Description of the task
In the records below, find each line that holds "wool" and return it.

[Records from a data collection]
--- START ---
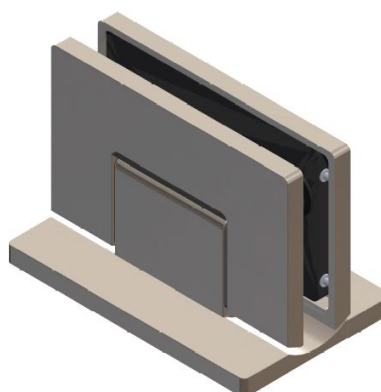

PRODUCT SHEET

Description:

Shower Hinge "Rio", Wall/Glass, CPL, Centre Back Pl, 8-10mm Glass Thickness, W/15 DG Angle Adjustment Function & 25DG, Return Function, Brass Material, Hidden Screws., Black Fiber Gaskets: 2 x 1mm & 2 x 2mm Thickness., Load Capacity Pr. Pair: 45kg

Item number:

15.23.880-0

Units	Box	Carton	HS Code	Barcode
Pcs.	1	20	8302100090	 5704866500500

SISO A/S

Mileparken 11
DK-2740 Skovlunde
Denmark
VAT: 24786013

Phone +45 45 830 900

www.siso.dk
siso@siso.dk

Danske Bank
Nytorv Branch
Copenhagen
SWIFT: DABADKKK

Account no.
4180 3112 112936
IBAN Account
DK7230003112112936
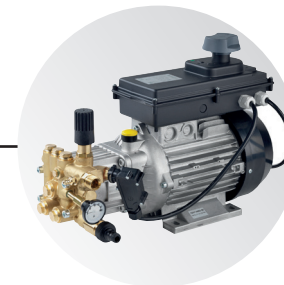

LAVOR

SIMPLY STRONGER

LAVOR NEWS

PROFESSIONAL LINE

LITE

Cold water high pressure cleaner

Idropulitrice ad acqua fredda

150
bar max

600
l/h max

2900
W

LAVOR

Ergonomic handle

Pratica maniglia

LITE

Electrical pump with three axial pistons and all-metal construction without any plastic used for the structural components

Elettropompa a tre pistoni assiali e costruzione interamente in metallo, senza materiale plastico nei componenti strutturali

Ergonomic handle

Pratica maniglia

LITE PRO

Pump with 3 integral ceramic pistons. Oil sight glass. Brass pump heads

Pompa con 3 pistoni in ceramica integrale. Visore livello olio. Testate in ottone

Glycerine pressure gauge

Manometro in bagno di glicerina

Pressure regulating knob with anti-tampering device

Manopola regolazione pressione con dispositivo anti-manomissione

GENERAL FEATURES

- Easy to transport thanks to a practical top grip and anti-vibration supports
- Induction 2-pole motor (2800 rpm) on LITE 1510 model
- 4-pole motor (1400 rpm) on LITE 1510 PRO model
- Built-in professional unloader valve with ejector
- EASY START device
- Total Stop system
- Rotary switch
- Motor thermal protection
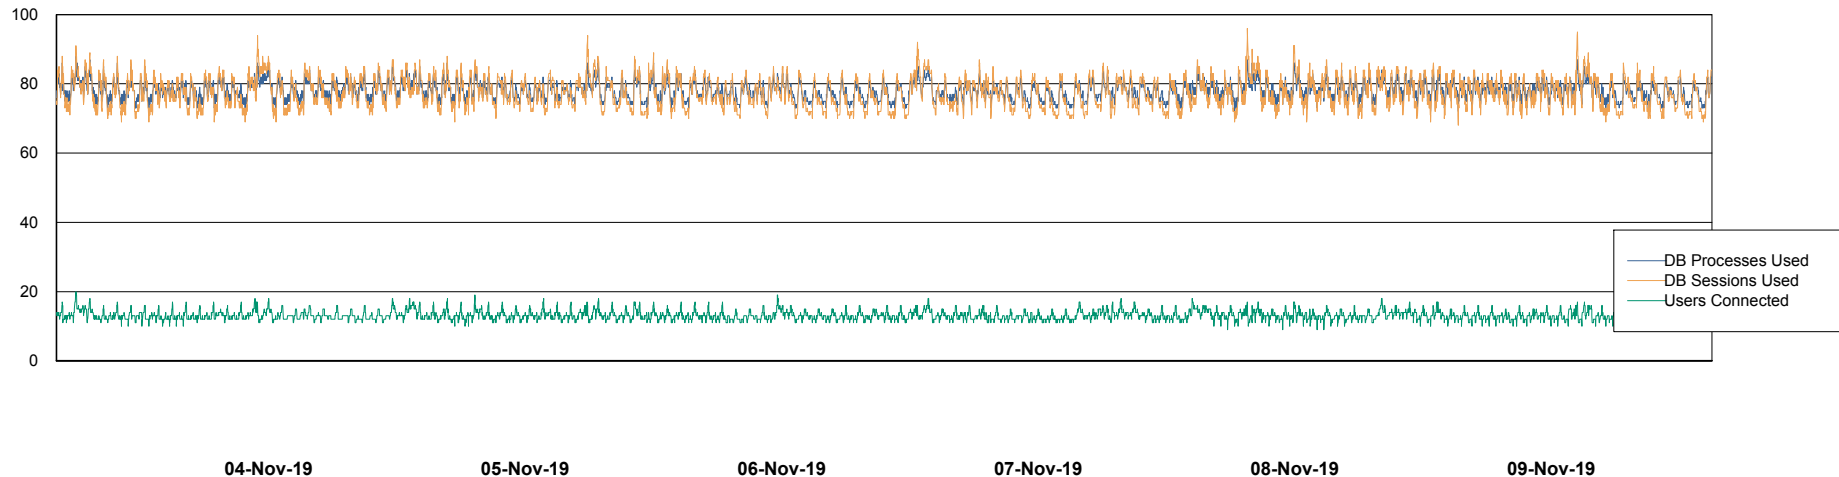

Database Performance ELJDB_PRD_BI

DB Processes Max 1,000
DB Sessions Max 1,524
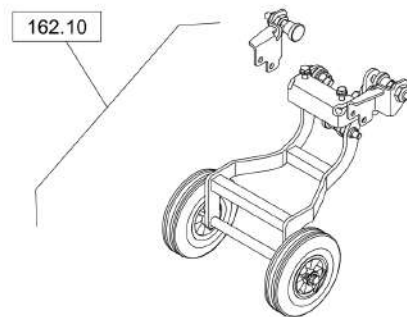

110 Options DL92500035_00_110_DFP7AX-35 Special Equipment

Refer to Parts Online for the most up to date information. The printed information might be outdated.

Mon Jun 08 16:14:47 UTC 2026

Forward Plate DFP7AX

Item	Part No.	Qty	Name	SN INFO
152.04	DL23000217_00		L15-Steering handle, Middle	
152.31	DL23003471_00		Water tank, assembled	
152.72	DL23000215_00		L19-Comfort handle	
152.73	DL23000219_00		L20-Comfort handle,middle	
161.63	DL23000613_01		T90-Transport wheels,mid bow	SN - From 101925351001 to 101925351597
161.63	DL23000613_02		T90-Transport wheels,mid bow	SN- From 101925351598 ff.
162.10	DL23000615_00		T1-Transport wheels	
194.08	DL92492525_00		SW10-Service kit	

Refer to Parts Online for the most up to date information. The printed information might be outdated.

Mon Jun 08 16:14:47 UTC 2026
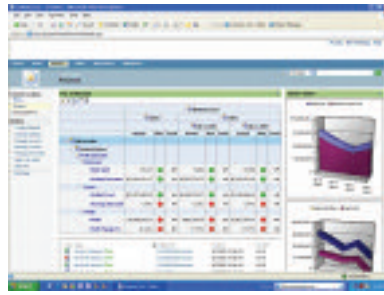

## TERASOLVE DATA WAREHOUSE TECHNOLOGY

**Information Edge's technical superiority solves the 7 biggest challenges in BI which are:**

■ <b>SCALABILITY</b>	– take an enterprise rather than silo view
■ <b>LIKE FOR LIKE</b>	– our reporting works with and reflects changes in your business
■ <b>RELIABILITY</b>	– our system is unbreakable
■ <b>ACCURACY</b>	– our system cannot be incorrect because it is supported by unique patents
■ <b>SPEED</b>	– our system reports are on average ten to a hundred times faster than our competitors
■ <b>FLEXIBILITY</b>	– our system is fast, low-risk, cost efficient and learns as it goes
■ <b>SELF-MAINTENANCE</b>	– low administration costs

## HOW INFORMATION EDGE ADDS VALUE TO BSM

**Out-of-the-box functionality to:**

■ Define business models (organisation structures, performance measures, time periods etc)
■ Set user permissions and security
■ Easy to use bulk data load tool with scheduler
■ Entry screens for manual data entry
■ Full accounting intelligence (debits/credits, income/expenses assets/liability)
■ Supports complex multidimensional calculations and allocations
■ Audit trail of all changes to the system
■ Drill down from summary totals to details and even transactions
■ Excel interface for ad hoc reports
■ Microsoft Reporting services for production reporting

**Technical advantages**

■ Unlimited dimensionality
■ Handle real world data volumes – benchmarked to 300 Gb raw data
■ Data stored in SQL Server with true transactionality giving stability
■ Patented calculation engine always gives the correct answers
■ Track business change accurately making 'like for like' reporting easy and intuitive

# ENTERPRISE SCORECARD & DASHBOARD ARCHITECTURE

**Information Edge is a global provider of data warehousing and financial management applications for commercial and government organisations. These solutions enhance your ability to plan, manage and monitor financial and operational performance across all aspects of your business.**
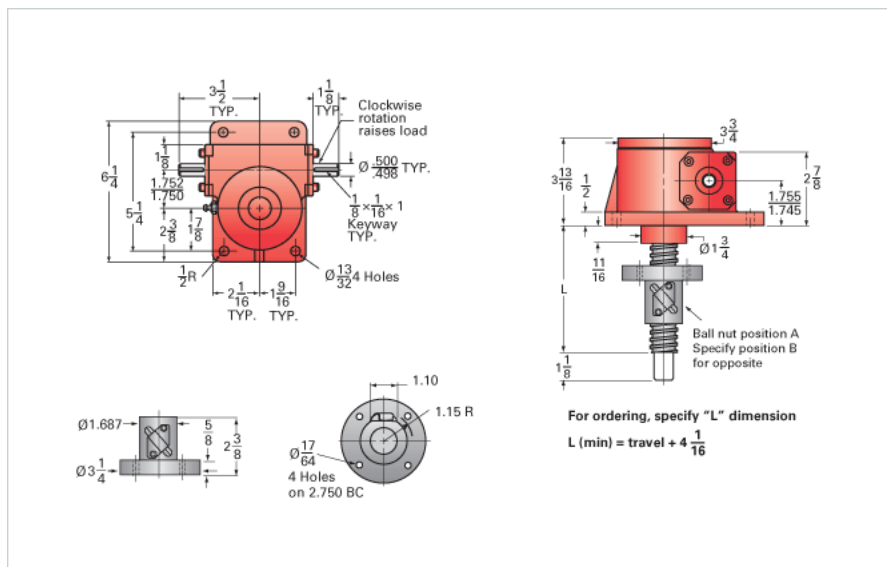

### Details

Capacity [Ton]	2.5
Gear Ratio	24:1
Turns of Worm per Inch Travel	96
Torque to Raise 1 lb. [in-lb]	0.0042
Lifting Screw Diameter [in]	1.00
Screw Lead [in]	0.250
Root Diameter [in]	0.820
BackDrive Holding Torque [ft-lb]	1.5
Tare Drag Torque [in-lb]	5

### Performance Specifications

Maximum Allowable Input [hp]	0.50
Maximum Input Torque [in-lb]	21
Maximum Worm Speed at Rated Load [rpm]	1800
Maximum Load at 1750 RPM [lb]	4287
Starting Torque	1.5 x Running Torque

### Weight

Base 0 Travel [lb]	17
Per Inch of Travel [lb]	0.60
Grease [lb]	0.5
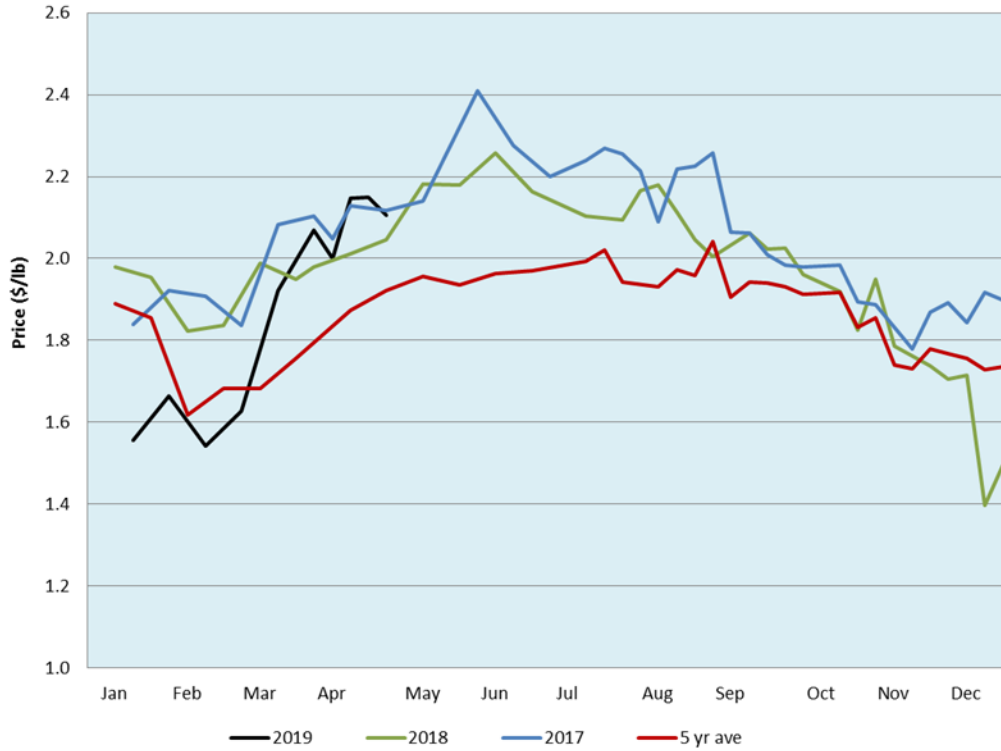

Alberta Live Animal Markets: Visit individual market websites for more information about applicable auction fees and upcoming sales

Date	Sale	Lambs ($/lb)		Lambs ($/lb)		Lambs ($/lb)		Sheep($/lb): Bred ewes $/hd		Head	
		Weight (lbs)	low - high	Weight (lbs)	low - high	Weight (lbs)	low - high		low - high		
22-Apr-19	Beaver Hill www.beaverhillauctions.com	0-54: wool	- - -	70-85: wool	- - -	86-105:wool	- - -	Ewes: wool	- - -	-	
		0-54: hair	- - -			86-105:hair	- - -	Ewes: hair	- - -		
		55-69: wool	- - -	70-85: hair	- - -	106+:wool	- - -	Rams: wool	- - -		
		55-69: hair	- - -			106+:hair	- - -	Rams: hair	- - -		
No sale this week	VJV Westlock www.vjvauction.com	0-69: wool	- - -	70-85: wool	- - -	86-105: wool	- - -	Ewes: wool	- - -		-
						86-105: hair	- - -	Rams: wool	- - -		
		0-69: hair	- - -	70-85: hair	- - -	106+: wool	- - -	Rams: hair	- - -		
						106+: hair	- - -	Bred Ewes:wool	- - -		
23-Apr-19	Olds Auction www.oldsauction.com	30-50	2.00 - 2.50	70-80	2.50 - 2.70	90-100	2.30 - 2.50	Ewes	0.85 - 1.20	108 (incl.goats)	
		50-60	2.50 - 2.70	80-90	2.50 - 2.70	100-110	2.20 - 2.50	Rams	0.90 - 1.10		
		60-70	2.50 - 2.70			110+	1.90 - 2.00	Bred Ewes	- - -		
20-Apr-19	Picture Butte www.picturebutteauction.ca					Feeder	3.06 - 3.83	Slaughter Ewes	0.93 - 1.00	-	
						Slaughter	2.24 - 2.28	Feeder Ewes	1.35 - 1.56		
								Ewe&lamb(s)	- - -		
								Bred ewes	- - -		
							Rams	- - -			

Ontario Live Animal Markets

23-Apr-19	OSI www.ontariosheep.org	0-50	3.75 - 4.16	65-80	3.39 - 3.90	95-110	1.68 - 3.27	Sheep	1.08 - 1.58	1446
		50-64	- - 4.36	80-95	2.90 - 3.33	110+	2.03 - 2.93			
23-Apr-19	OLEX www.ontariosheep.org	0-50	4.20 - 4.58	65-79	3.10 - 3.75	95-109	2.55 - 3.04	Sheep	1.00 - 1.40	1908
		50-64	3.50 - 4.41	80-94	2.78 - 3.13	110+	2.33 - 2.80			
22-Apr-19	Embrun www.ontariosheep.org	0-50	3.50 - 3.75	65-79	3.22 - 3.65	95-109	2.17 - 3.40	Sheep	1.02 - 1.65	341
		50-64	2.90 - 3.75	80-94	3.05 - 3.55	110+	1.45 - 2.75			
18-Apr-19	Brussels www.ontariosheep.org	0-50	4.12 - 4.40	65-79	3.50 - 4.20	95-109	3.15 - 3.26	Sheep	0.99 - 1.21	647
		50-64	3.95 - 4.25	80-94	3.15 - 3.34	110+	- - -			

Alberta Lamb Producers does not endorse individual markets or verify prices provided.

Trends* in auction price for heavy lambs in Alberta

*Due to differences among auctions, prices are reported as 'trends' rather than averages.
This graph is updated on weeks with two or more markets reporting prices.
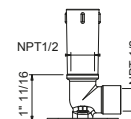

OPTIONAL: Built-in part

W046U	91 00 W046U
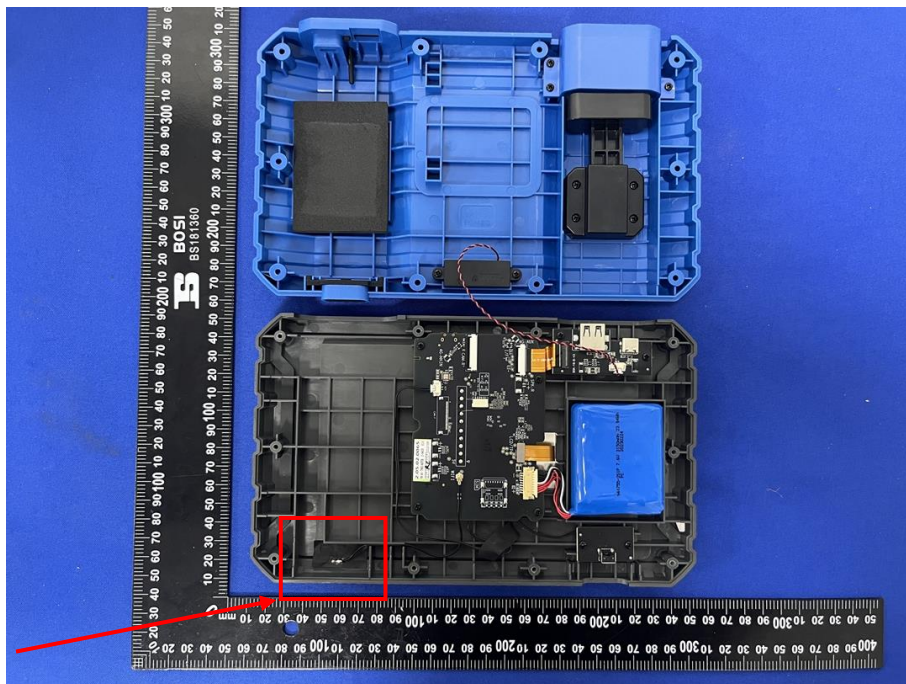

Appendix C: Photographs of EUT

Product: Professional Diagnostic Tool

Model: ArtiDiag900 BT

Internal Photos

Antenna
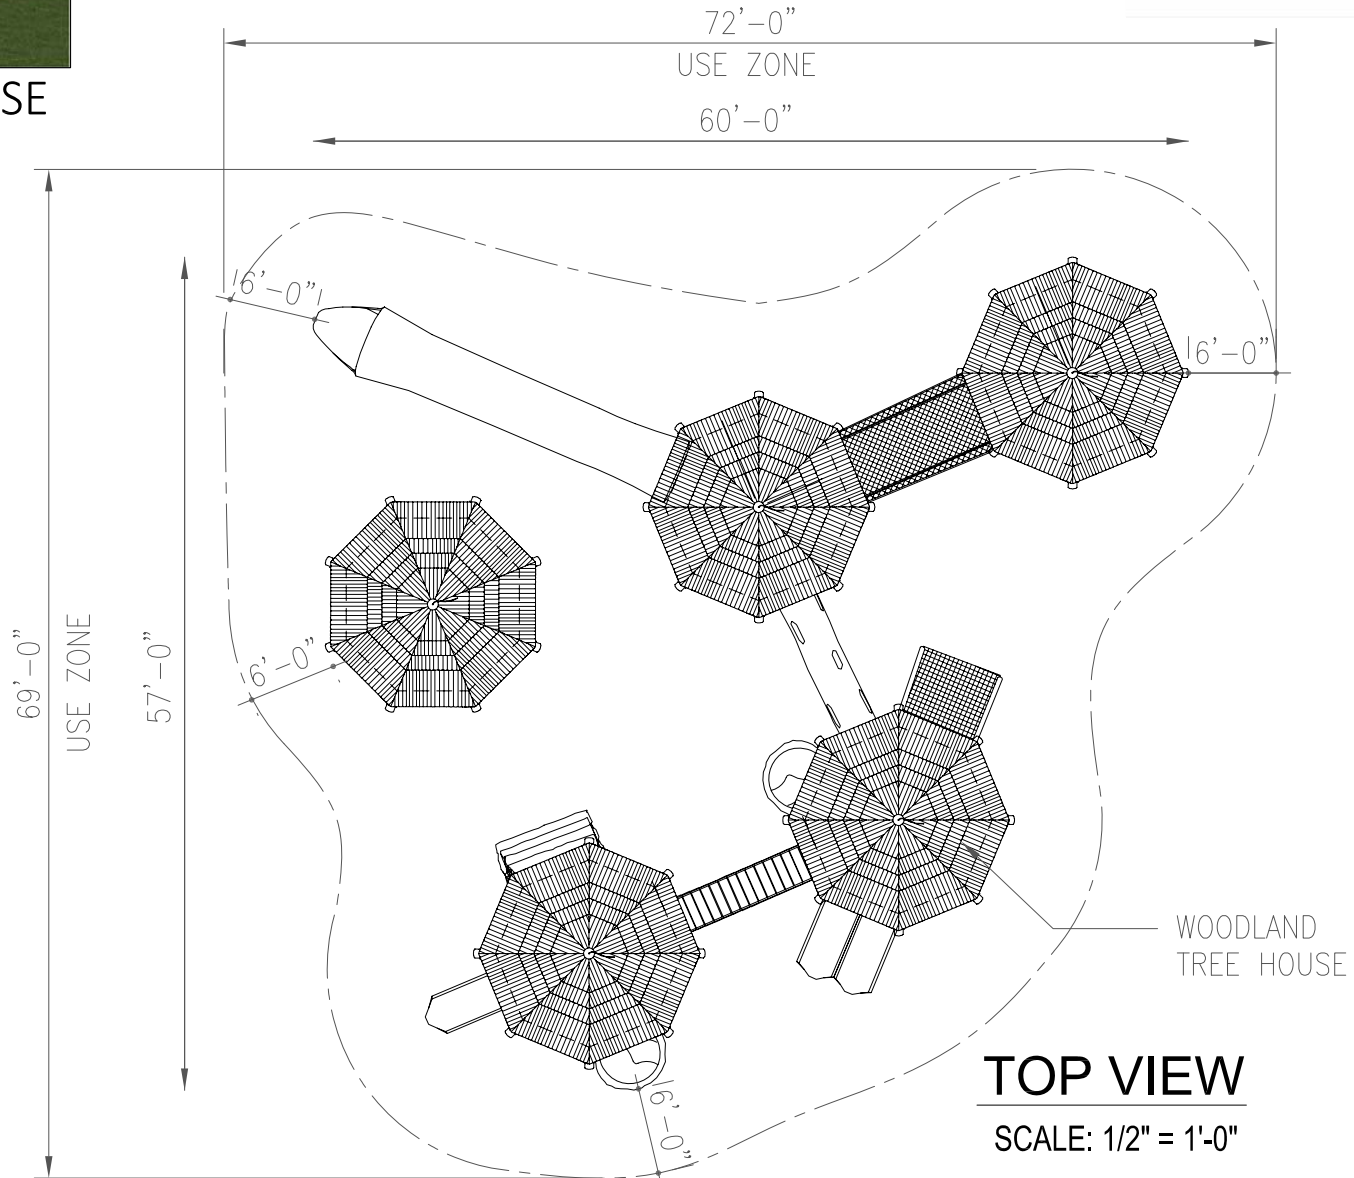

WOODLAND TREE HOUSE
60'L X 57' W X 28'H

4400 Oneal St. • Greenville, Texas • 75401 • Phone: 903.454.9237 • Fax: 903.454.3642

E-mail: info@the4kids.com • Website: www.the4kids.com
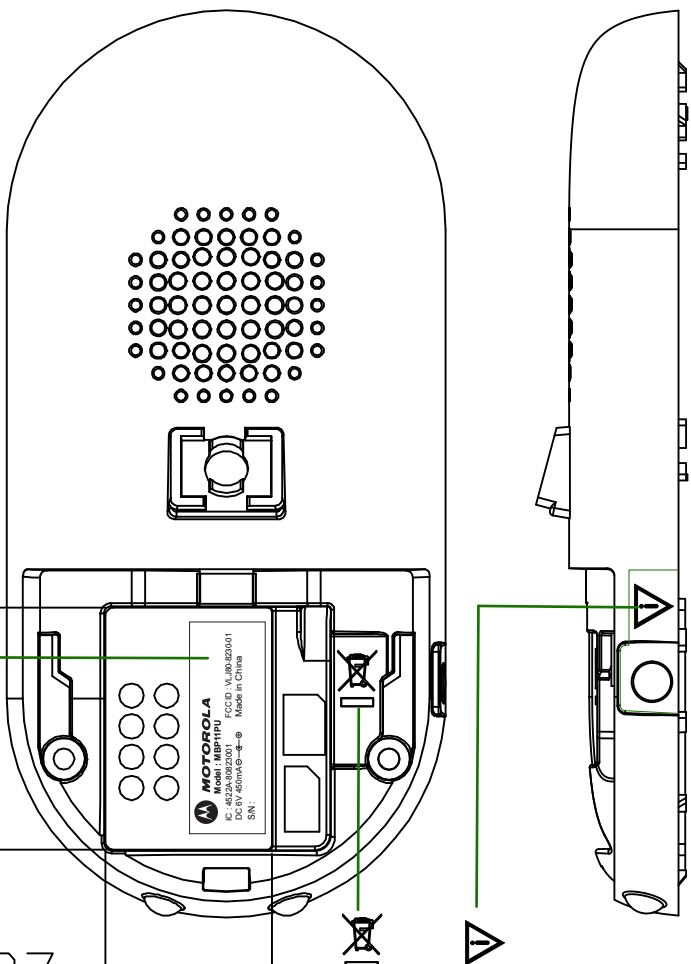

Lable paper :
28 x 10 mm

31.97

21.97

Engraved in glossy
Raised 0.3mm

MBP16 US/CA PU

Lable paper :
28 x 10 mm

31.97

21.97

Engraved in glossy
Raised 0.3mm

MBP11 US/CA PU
--- END ---
Response for this exercise
22-Apr-19	Beaver Hill www.beaverhillauctions.com	0-54: wool	- - -	70-85: wool	- - -	86-105:wool	- - -	Ewes: wool	- - -	-	
		55-69: wool	- - -	70-85: hair	- - -	106+:wool	- - -	Rams: wool	- - -		
No sale this week	VJV Westlock www.vjvauction.com	0-69: wool	- - -	70-85: wool	- - -	86-105: wool	- - -	Ewes: wool	- - -		-
						86-105: hair	- - -	Rams: wool	- - -		
		0-69: hair	- - -	70-85: hair	- - -	106+: wool	- - -	Rams: hair	- - -		
						106+: hair	- - -	Bred Ewes:wool	- - -		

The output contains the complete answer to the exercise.